■ **Problem requirements**
When the line containing "Cable length: 2 m" appears in the data below, begin copying there and stop only after the line containing "Cable length: 3,5 m".

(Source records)
=== Section Start ===

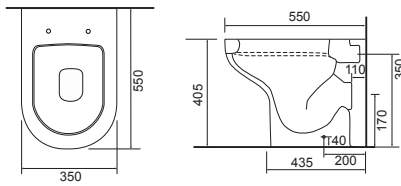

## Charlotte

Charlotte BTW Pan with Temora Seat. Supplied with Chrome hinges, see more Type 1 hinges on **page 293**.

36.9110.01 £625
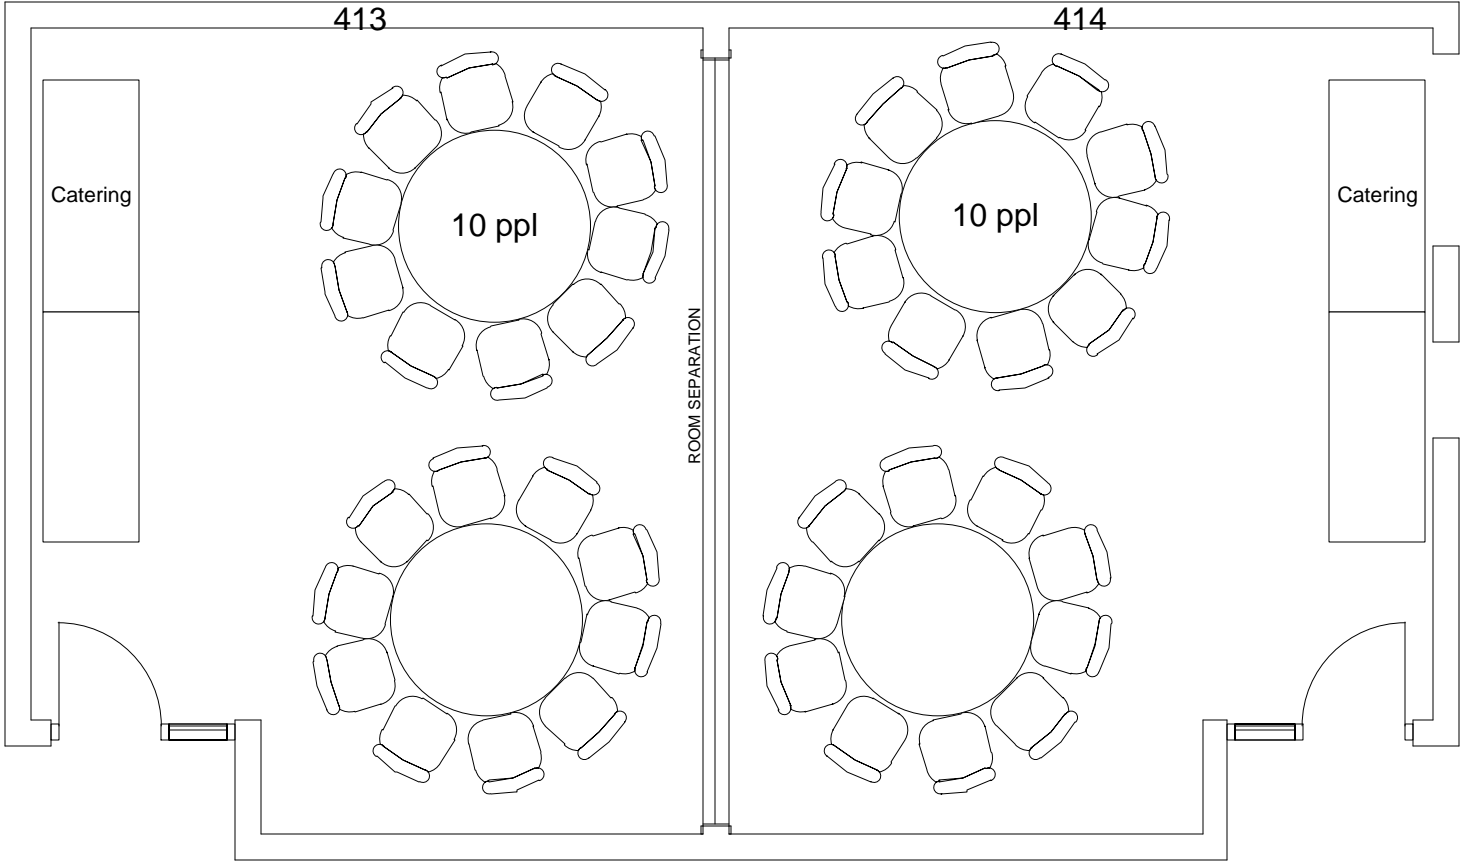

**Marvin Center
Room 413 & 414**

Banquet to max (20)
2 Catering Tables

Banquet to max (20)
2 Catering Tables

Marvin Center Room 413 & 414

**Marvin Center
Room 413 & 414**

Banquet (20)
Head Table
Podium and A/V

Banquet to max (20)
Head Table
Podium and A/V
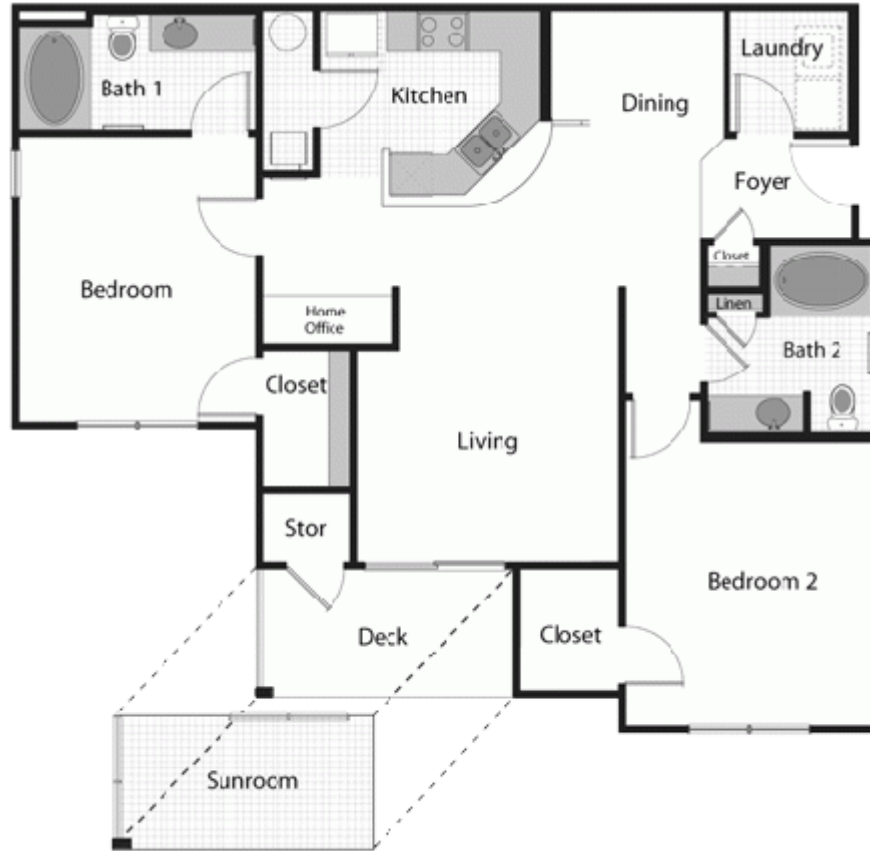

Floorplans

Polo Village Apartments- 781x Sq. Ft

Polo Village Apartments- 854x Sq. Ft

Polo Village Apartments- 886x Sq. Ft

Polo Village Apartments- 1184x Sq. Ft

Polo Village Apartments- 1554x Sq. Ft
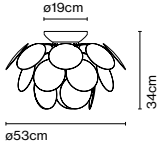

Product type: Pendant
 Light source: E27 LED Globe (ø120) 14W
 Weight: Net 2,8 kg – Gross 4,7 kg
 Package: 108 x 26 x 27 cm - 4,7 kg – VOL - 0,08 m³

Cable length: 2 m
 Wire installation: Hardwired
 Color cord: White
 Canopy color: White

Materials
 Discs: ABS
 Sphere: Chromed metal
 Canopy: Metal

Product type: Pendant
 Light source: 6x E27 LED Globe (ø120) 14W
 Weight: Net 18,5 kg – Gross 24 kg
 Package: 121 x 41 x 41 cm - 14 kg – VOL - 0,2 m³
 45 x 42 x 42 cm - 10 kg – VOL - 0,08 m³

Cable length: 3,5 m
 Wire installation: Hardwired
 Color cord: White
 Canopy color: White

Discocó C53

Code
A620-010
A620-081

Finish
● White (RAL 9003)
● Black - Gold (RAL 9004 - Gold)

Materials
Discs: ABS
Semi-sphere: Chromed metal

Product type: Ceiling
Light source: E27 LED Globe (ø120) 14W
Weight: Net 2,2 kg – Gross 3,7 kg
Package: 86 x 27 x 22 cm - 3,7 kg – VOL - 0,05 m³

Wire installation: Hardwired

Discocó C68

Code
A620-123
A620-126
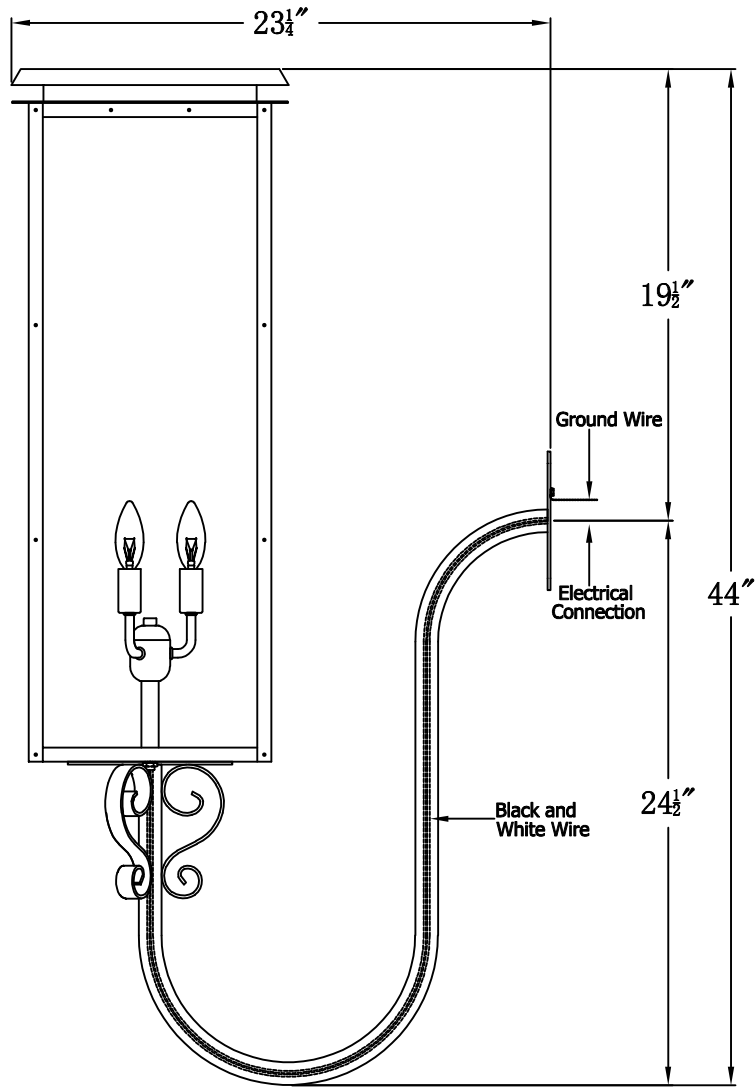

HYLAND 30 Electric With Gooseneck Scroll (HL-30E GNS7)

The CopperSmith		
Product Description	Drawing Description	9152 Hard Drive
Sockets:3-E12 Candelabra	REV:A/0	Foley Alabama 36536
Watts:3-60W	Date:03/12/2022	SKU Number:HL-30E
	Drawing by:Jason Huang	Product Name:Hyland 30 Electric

=== Section End ===

■ **Answer to the exercise**
Cable length: 2 m
 Wire installation: Hardwired
 Color cord: White
 Canopy color: White

Materials
 Discs: ABS
 Sphere: Chromed metal
 Canopy: Metal

Product type: Pendant
 Light source: 6x E27 LED Globe (ø120) 14W
 Weight: Net 18,5 kg – Gross 24 kg
 Package: 121 x 41 x 41 cm - 14 kg – VOL - 0,2 m³
 45 x 42 x 42 cm - 10 kg – VOL - 0,08 m³

Cable length: 3,5 m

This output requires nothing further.